Sometimes people ask me how I have time to write stories as a restaurant chef. Usually, I say something like "We find the time for the things we enjoy." It has been some time since I have found the time to write stories, and not that I haven't had plenty to write about. As the executive chef for Park Kitchen, I have taken the team on inspiring tours of Bob's Red Mill in Milwaukee, Oregon, and one of our strongest farmers at Your Kitchen Garden in Canby, Oregon. I travelled to Sweden and Denmark this spring, foraged with the godfather of the Nordic Manifesto revival, and dined at Noma, the best restaurant in the world. I'm bursting at the seams with stories to share with you.
However, I have taken on a new project which has taken up all the time that would otherwise have translated into stories about the millstones at Bob's Red Mill, the inspiring whole grain breads and cheeses from Scandinavia, or the planning that goes into a diversified farm in the Willamette Valley. After eight years at Park Kitchen, I will be leaving to open a new restaurant in downtown Portland. It will be called Raven & Rose, and it will be located in a beautiful restoration of the historic Ladd Carriage House.
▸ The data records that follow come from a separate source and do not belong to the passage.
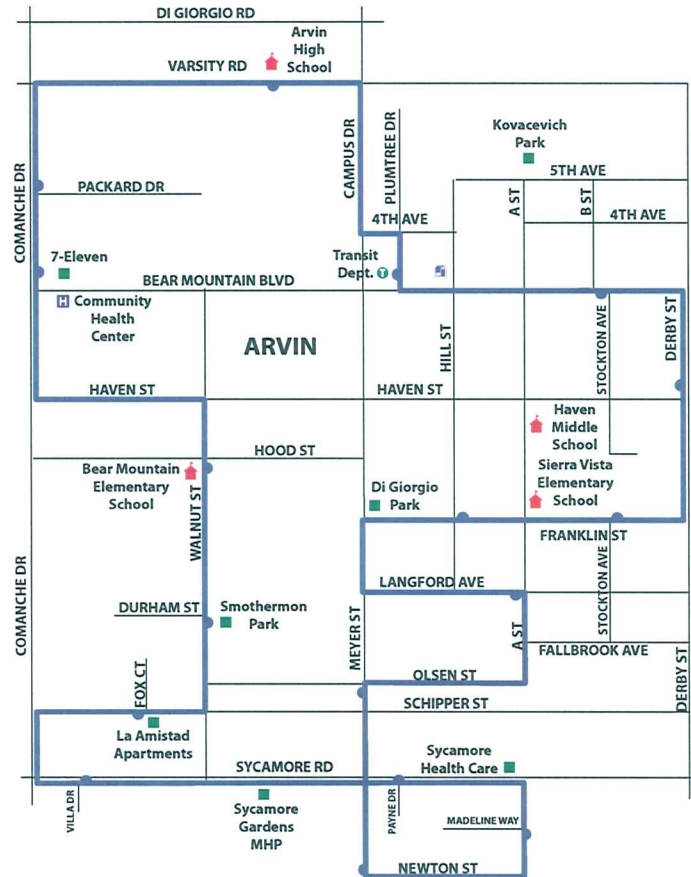

## Clave de Rutas Route Map Key

-  Arvin Local Route
-  Arvin Local Stop
-  Transit Dept.
-  Points of Interest
-  School
-  Post Office
-  Clinic
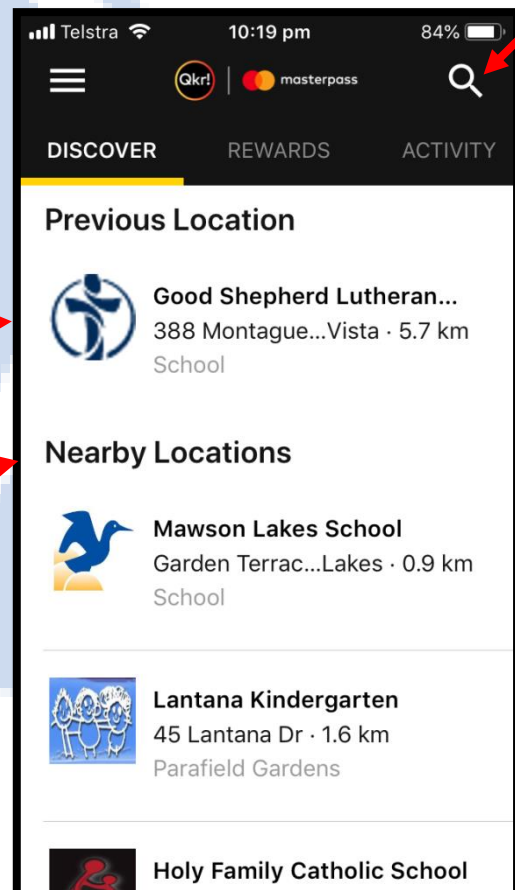

Good Shepherd

Lutheran School | Para Vista

What is Qkr!

Qkr! with MasterPass by MasterCard is the secure and easy way to order and pay for school items, giving you the flexibility to place orders at a time and place that suits you. Qkr! accepts all debit/credit cards to offer you a wide variety of payment choice. The Qkr! with MasterPass app is free and easy to use.

Step 1: Download Qkr!

Step 2: Register

Select your country as "Australia" and follow the steps to register.

Step 3: Find our school

Search for our school name

If you're within 10 Kms of the school, you can select our school from "Nearby Locations"

Click our school

Step 4: Register your Student/s

When first accessing our school, you will be prompted to add student/s profile for your child/children. This allows you to make orders and payments for them.

Those of you in the industry know how much work goes into the opening of a restaurant, from ductwork and electrical wiring, equipment purchasing, menu planning and recipe development, hiring and training staff, service contracts and so many other things. Once we get all these things moving together in harmony, I will be able to return to telling stories about the people, places and products that inspire me to be a chef.